His diet plan consisted of four regular small meals to be taken at certain times of the day, in addition to exact measurements of foods to be consumed in solid and liquid form. For breakfast, he advises ‘six ounces solid, nine liquid’; at 2pm‘ten to twelve ounces solid, and ten liquid’; at 6pm ‘two to four ounces solid, nine liquid’ and at 9pm‘four ounces solid and seven liquid’. The plan omitted sugar and most carbohydrates, and included beef, kidneys, fish, bacon, unsweetened tea or coffee, vegetables (‘except potato, parsnip, beetroot, turnip, or carrot’), poultry and unsweetened fruit.’
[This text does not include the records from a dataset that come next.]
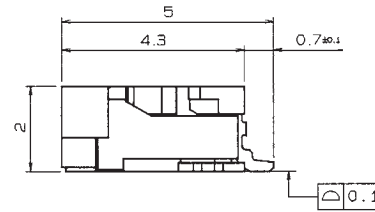

0.5mm Pitch
SERIES

6212/6262

0.5mmピッチ RA SMT 上接点 スライドロック
0.5mmPitch RA SMT Top contact Slide lock

推奨基板取付寸法 (コネクタ搭載側)
MOUNTING LAYOUT (CONN. MOUNTING SIDE)

極数 NO. OF POS	A	B	C	D
5	6.8	2.0	8.8	3.1
6	7.3	2.5	9.3	3.6
7	7.8	3.0	9.8	4.1
8	8.3	3.5	10.3	4.6
9	8.8	4.0	10.8	5.1
10	9.3	4.5	11.3	5.6
11	9.8	5.0	11.8	6.1
12	10.3	5.5	12.3	6.6
13	10.8	6.0	12.8	7.1
14	11.3	6.5	13.3	7.6
15	11.8	7.0	13.8	8.1
16	12.3	7.5	14.3	8.6
17	12.8	8.0	14.8	9.1
18	13.3	8.5	15.3	9.6
19	13.8	9.0	15.8	10.1
20	14.3	9.5	16.3	10.6
21	14.8	10.0	16.8	11.1
22	15.3	10.5	17.3	11.6
23	15.8	11.0	17.8	12.1
24	16.3	11.5	18.3	12.6
25	16.8	12.0	18.8	13.1
26	17.3	12.5	19.3	13.6
27	17.8	13.0	19.8	14.1
28	18.3	13.5	20.3	14.6
29	18.8	14.0	20.8	15.1
30	19.3	14.5	21.3	15.6
32	20.3	15.5	22.3	16.6
33	19.8	16.0	22.8	17.1
34	21.3	16.5	23.3	17.6
35	21.8	17.0	23.8	18.1
36	22.3	17.5	24.3	18.6
38	23.3	18.5	25.3	19.6
40	24.3	19.5	26.3	20.6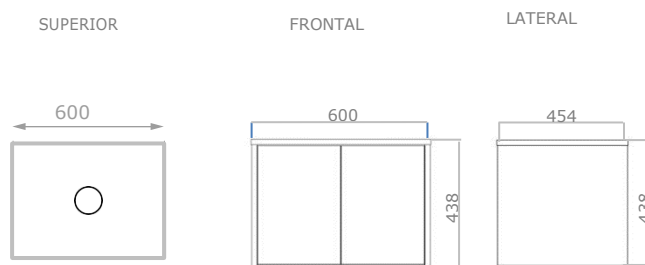

REFERENCIA / COLOR:

Macadamia

Ref. MV0346531 Mueble lisboa plus 60 cm Para Lavamanos Tipo Vessel.

INFORMACIÓN TÉCNICA

Material	Madera aglomerada: Tablero aglomerado de 15mm.
Densidad	15mm 670 kg./m ³ .
Textura	Macadamia: Sincrónico
Canto	PVC rígido 22 mm de calibre.
Dimensiones Generales (H*W*P)	17,24" x 23,62" x 17,83" (438 x 600 x 453 mm).
Peso Neto Aproximado	30,6 lb (13.9 kg).
Peso Bruto Aproximado	37,6 lb (17,1 kg).
Resistencia a la humedad	hinchamiento < o =8% En planta resiste 12% máximo.

PLANOS TÉCNICOS

Unidades: mm.

Estas dimensiones son nominales y están sujetas a cambios sin previo aviso.

TIEMPO ESTIMADO DE ARMADO: El mueble viene armado.

SERVICIO POST VENTA

AÑOS DE GARANTÍA (madera)

AÑOS DE GARANTÍA (herrajes)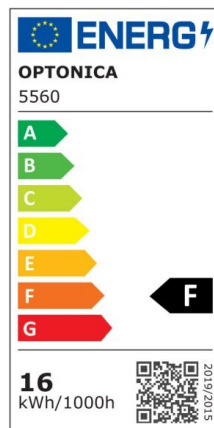

## Regleta led T5 31cm 4W 320lm 4500K

Potencia

4W

Color de luz

Neutral  
White  
(NW)

CE

RoHS

## Especificaciones técnicas

Número de catálogo	5551
Ángulo del haz de luz	120°
Marca	Optonica
Código de producto	TU4-A1
Código de color	845
Designación del color	Neutral White (NW)

Temperatura de color correlacionada	4500K
Regulable	No
Código EAN	3800156655515
Consumo de energía	4 kWh/1000h
Etiqueta de eficiencia energética	F
Destello	320 lm
Flujo por vatio	80lm/W
Voltaje de entrada	AC220-240V
Instant On	0.1 s
IP	IP20
Elementos por caja	30
Elementos por paquete	1
Tipo de LED	SMD
Esperanza de vida	25 000 Hours
Flujo luminoso residual al final del período de funcionamiento	70%
Material	Plastic
Ciclos de encendido / apagado	25 000x
Frecuencia de operación	50-60Hz
Poder	4W
Factor de potencia	0.9
Ra ≥	80
Tamaño de la caja	345x165x195 mm
Tamaño del paquete	330x30x25 mm
Tamaño del producto	310x28 mm
Enchufe	T5

Temperature	-20°C/ +40°C
Garantía	2 Years
Equivalente de potencia	30W
Peso del producto	100 gr.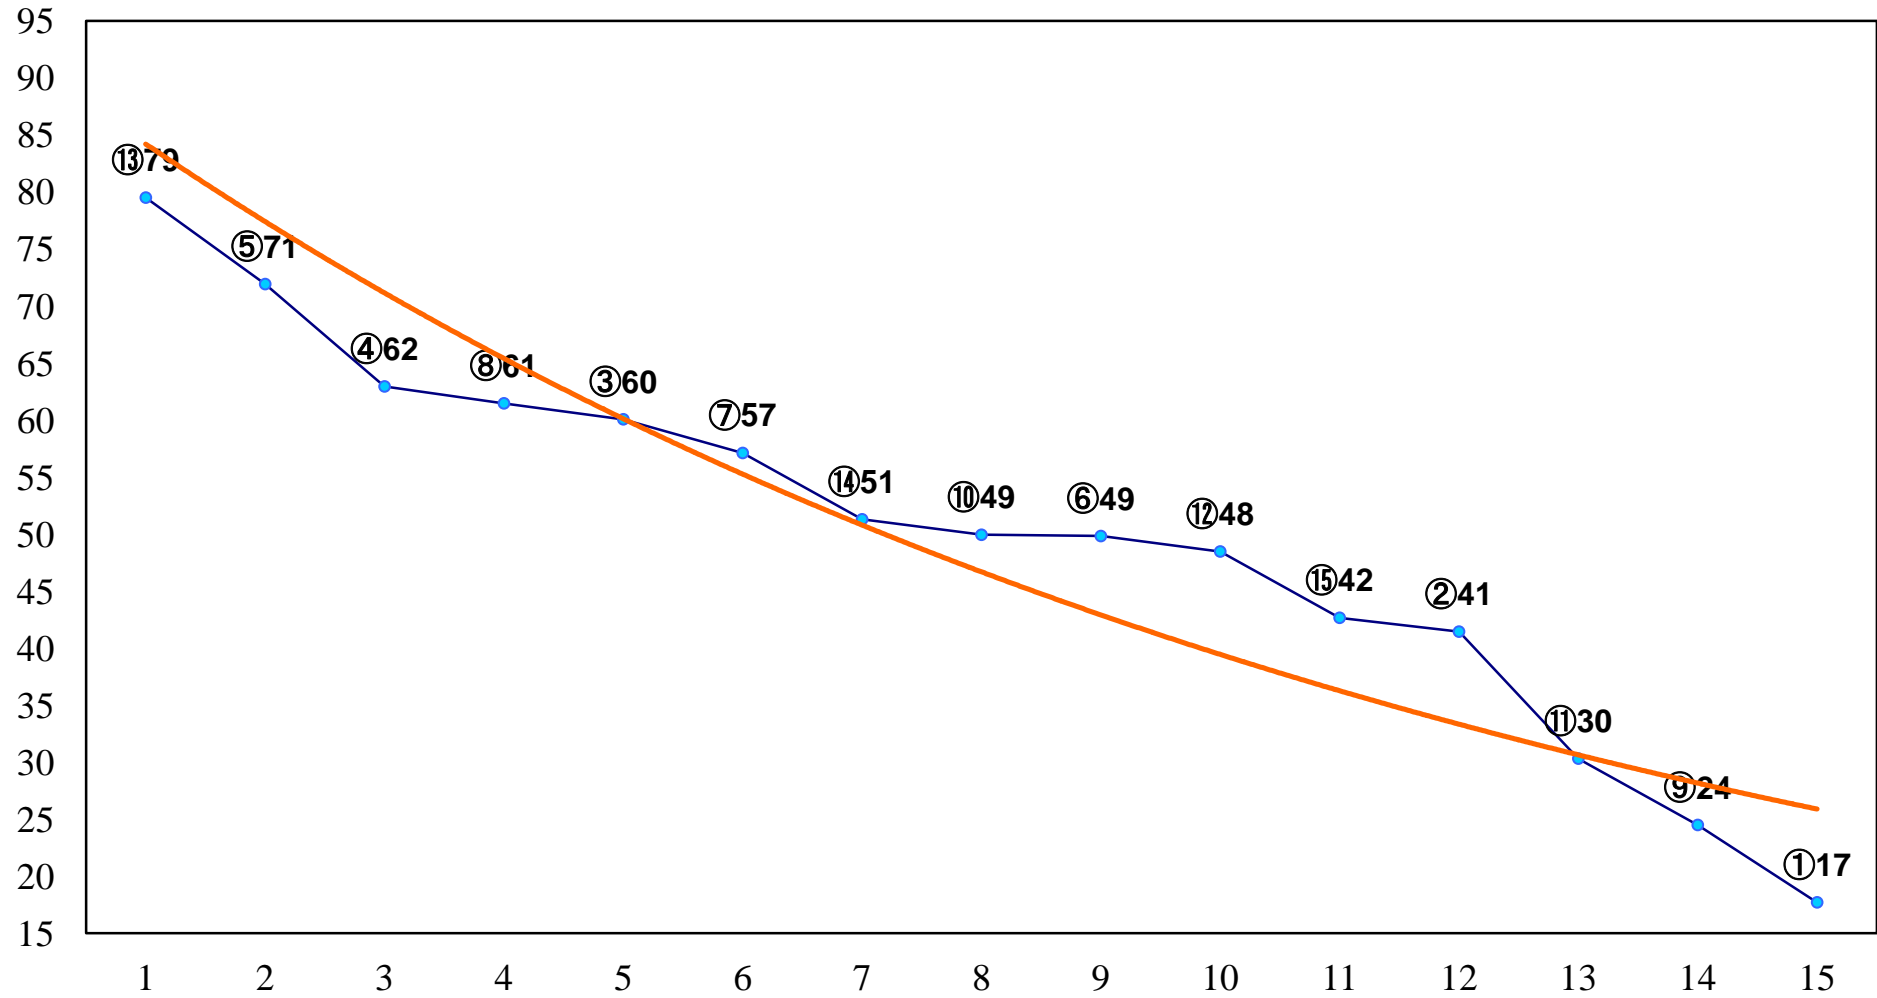

2015年01月19日(月) 大井競馬 8R 14:30
C2四五 右1200m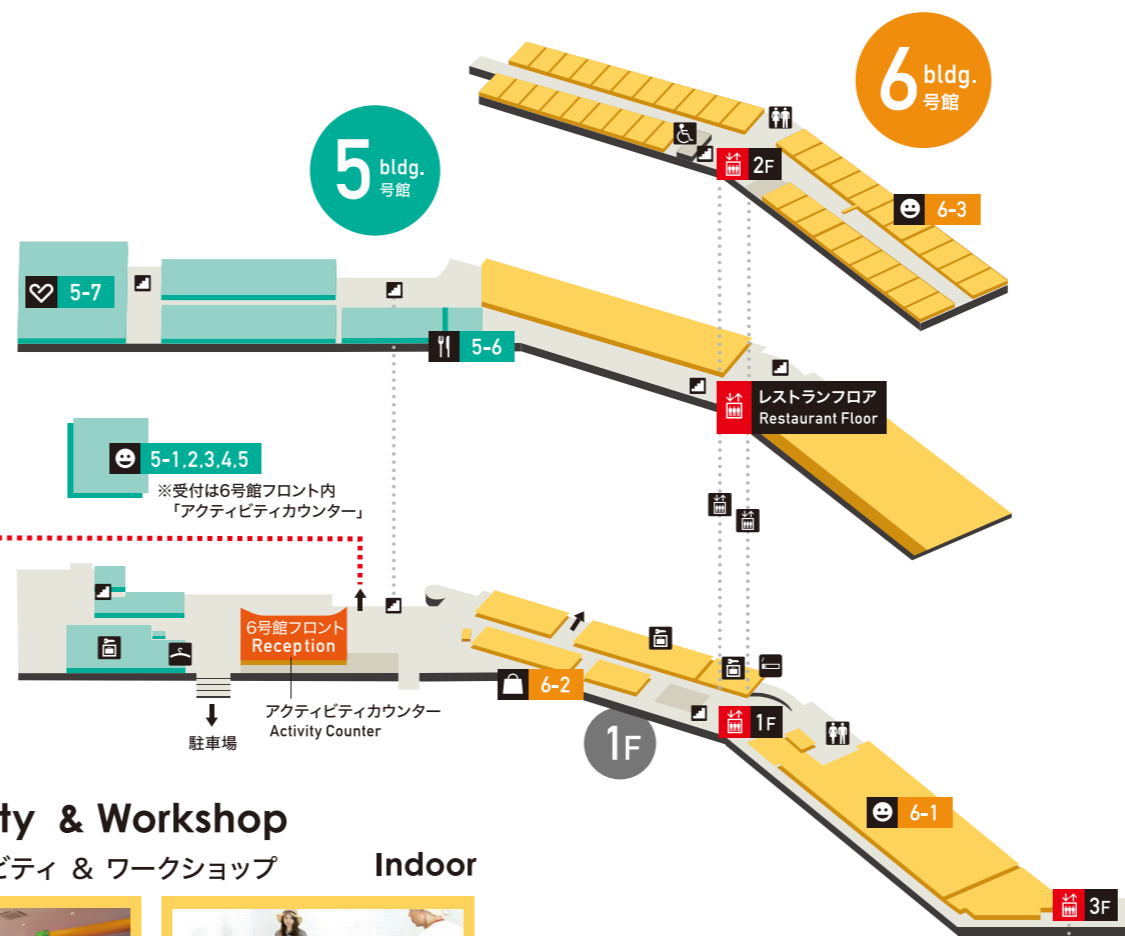

Naeba Prince Hotel Area Map

Mt. Naeba YAMA-ASOBI LAND

Activity & Workshop

アクティビティ & ワークショップ Indoor

6-1 あそびホール Playground Hall

4/25(土)~営業開始
4/25(Sat.)~Start

6-3 卓球 Table Tennis

6-1 化石鉱物発掘体験 Fossil Digging Experience

4/25(土)~営業開始
4/25(Sat.)~Start

6-1 LEDランタンづくり LED Lantern making

4/25(土)~営業開始
4/25(Sat.)~Start

Spa & Gym 温泉・ジム

N-1 火打の湯 (内風呂・露天風呂) Naeba Onsen Hiuchi no Yu

5-7 フィットネスジム Fitness Gym

Shops 売店

6-2 6号館売店 Bldg.#6 Shop

Restaurants & Cafe レストラン&カフェ

5-6 レストラン しゃくなげ Restaurant SHAKUNAGE

S-2 カナディアンダイニング ウィスラーカフェ Canadian Dining Whistler Café

S-2 Cafe&BBQ 苗場たき火フィールド Café & BBQ Naeba Takibi Field

4/25(土)~営業開始 4/25(Sat.)~Start

Activity アクティビティ Outdoor

5-1 レインボースライダー Rainbow Slider

5-2 キッズストライダー Kids Strider

5-3 マウンテンバイク Mountain Bike

5-4 お散歩カート 4-seater Cart

5-5 おもしろ自転車 Funny Cycle

6-4 テニス Tennis

6-5 バドミントン Badminton

6-6 苗場アドベンチャークエスト Naeba Rogaining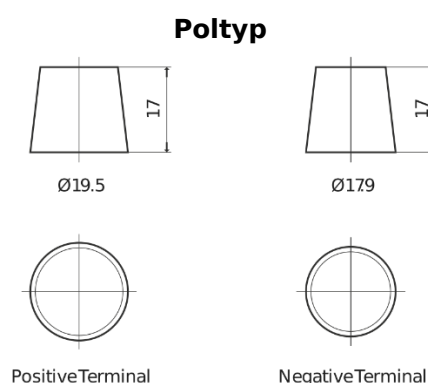

**Sortimentslista**

Batterier till Marin och Fritid

**Equipment ET950**

Best. nr.	ET950
Technology	Flooded
EAN/GTIN	3661024035897
Spänning	12 V
Kapacitet	135.0 Ah
Watt hour	950 Wh
Längd	513 mm
Bredd	189 mm
Höjd	223 mm
Kärl	D04
Polställning	ETN 3
Poltyp	EN taper post
Fästklack	B0
Vikt (kan variera)	39.50 kg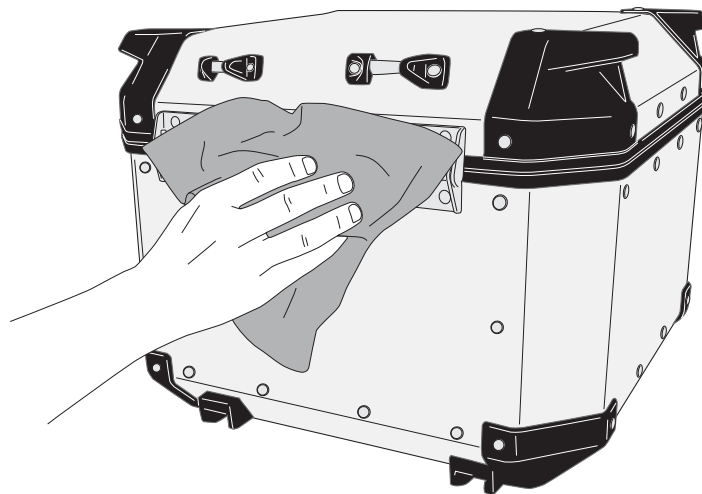

ATTENZIONE: PRIMA DI APPLICARE LO SCHIALINO PULIRE ACCURATAMENTE LA SUPERFICIE
ATTENTION: THOROUGHLY CLEAN THE CASE, BEFORE APPLYING THE BACKREST.

ACHTUNG: BEVOR SIE DAS RÜCKENPOLSTER AUFKLEBEN, REINIGEN SIE BITTE SORGFÄLTIG DIE OBERFLÄCHE DES KOFFERS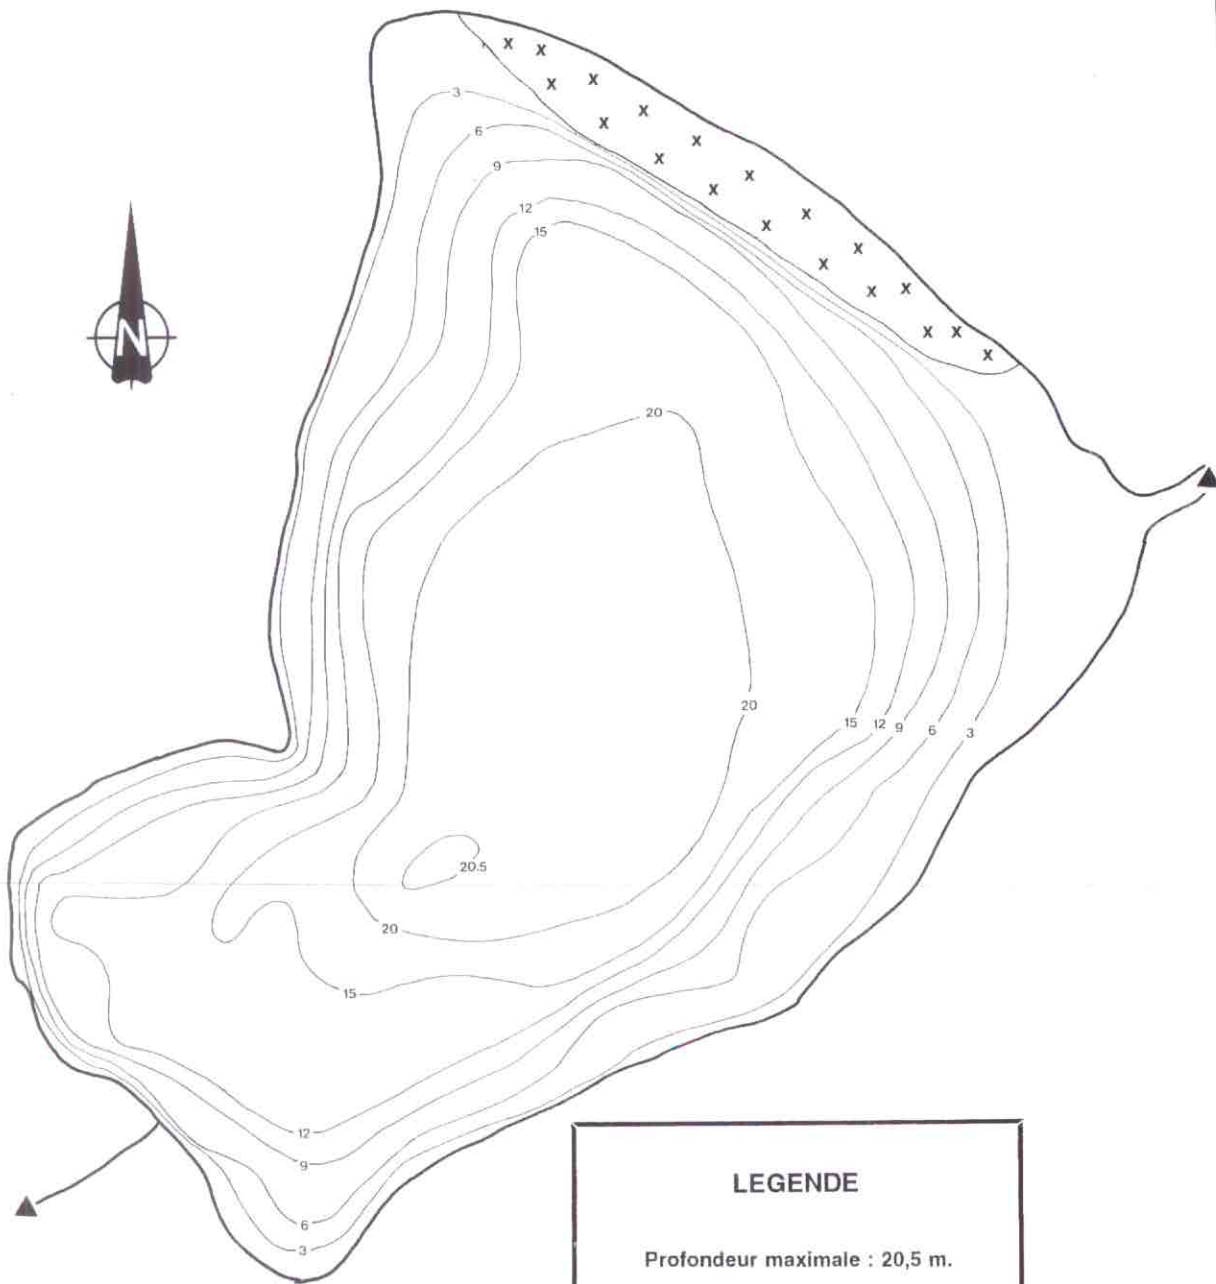

## Carte bathymétrique du lac Sheerway.

### LEGENDE

Profondeur maximale : 20,5 m.

Superficie : 19,1 ha.

Herbier : x x

Isobathes en mètres

SEPTEMBRE 1992

ECHELLE 1 : 5 000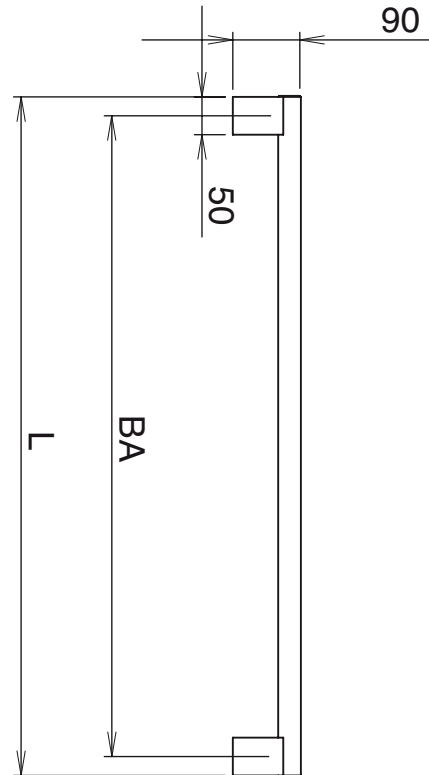

I-3330

Edelstahl matt - AISI 304

I-3330

<u>Artikelnummern:</u>	D	BA	H	L	VPE
3330.E30.300.65	30	300	90	350	1
3330.I30.300.65	30	300	90	350	1
3330.E30.500.65	30	500	90	550	1
3330.I30.500.65	30	500	90	550	1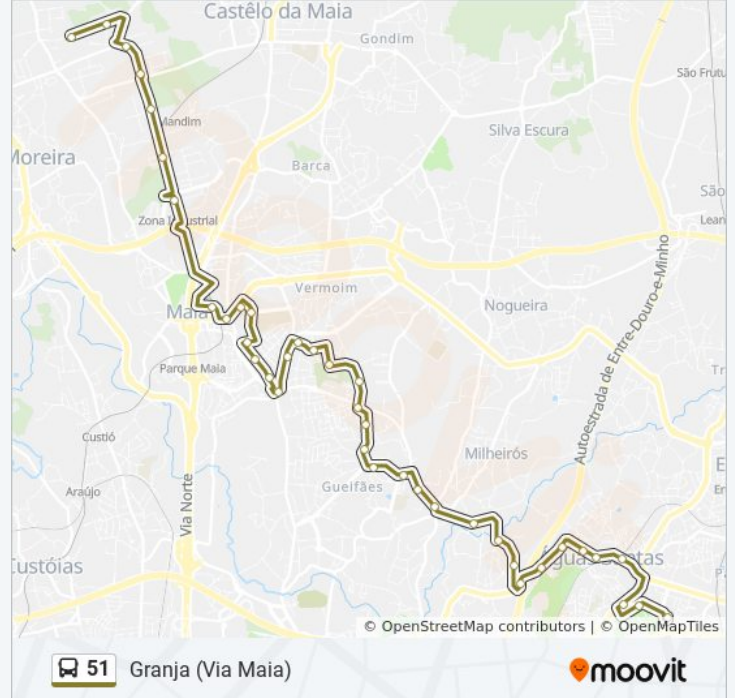

**51 autocarro - Informações****Direção:** Granja (Via Maia)**Paragens:** 33**Duração da viagem:** 37 min**Resumo da linha:**

Joaquim Carvalho da Costa

António Santos

R. do Mosteiro

Águas Santas

Corga

Calvário

J F Águas Santas

Escola da Picua

Quinta da Granja

Piedade

Palmilheira

Granja

### Sentido: Tecmaia (Via Maia)

32 paragens

[VER HORÁRIO DA LINHA](#)

Granja

Palmilheira

Piedade

Quinta da Granja

Escola da Picua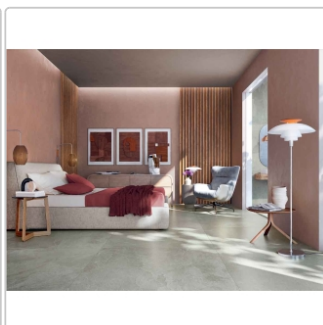

# Blustyle Geos Coast Slaty Terrassenplatte 60x120 cm

Art-Nr.: ABGXGE50 / GTIN: 8026944404744 / Marke: [Blustyle](#)

**69,95EUR** / m<sup>2</sup>

Grundpreis: 50,36EUR / Paket

inkl. 19% USt. zzgl. Versand

Lieferzeit: 3-4 Wochen - **WIRD FÜR SIE BESTELLT**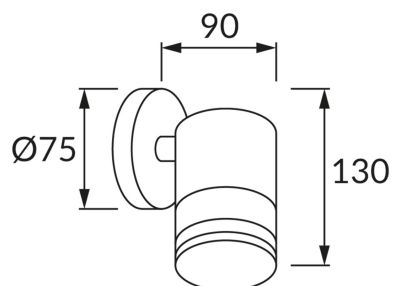

### ОСНОВНАЯ ИНФОРМАЦИЯ

Название продукта:	<b>TARAS WLL GU10 INOX</b>
Индекс Ideus:	<b>03569</b>
Штрих-код EAN:	<b>5901477335693</b>
Цвет :	<b>матовый хром</b>
Материал:	<b>нержавеющая сталь, стекло</b>
Высота:	<b>130 mm</b>
Ширина:	<b>75 mm</b>
Глубина:	<b>90 mm</b>
Упаковка коробки:	<b>12 шт.</b>

### PRODUCT PARAMETERS

Питание:	<b>220-240V 50/60Hz</b>
Мощность:	<b>max 35 W</b>
Цоколь:	<b>GU10</b>
Предлагаемый источник света:	<b>LED</b>
	<b>Возможность замены источника света</b>
Направление света в изделии можно регулировать:	<b>нет</b>
Класс защиты от поражения электрическим током:	<b>1</b>
:	<b>IP54</b>
	<b>для применения снаружи или внутри</b>
CE	<b>Декларация о соответствии</b>

Like Banting, in 1893 Beauty and Hygiene for Women and Girls identified that obesity was caused by over consumption of carbohydrates. It also named fat as a cause of weight gain, informing its readers that:
[o]besity is produced by a too abundant accumulation of fat in the cellular tissues of the body, and arises when not hereditary, from numerous causes, such as over-indulgence in sweets and “fatty” foods.
Thus, one of the most common methods for reducing weight was a regulated diet, devoid of fat and sugar. The magazine stated that in order to cure stoutness, ‘a strict regiment is necessary which must be carried out conscientiously’. This regime was so exacting that it was advised that ‘[a]ll sugary, starchy, or fatty foods are bad…pastry, beer, liquids and cocoa should not be touched’ and, even more extreme, ‘[a]lmost all liquids are fattening, even water’.Yet, The Girl’s Own Paper (1900) takes a less severe perspective upon the fat content of water since it claimed that ‘[c]hocolate as a drink can scarcely be said to be fattening because it contains so little of anything except water.’ Yet it does state that ‘[m]ilk must be taken in moderation’ and, unlike Banting whose diet included ‘two or three glasses of good claret, sherry, or Madeira’, recommended that ‘[a]lcohol must be avoided in any form.’
The readers of publications such as Beauty and Hygiene and The Girl’s Own Paper were concerned about their diet, evidenced in correspondence which questions the fat content of certain foods. The magazines conclude that not only is ‘chocolate in every form…fattening, chiefly because of the sugar it contains’ but, like Banting, told its readers to omit potatoes, ‘[c]arrots, turnips, maize, parsnips and artichokes.’ These starchy foods must be avoided if the Victorian woman was to achieve a slender figure, which also meant cutting out ‘brown bread, puddings [and] pastry.’
Nineteenth century women not only moderated their intake of food, they also employed purging methods in order to rid themselves of any unwanted substances that they had consumed. Purges ‘consisted of “cleansing” through vomiting, laxatives, and enemas.’ Laxatives included Sulphur and ‘the administration of a calomel, a mercury salt.’ Yet, calomel was poisonous and ‘[l]ong term use caused the gums, the teeth and eventually the tongue and entire jaw to erode and fall off.’ This demonstrates the extreme lengths to which women went in order to remain fashionably slender. In addition to laxatives, women often drank ‘a daily glass of vinegar, which was thought to both whiten the skin and reduce corpulence’.
In addition to dieting and purging, women were also advised to sleep in a hard bed, rise early, take a walk before breakfast and restrict fluid intake. Patriarchal conceptions of the ideal female form that was represented in magazines affected women’s behaviour, to the point that they engaged in dangerous practices such as extreme dieting and tight-lacing in their quest to accord with the wasp-waisted model!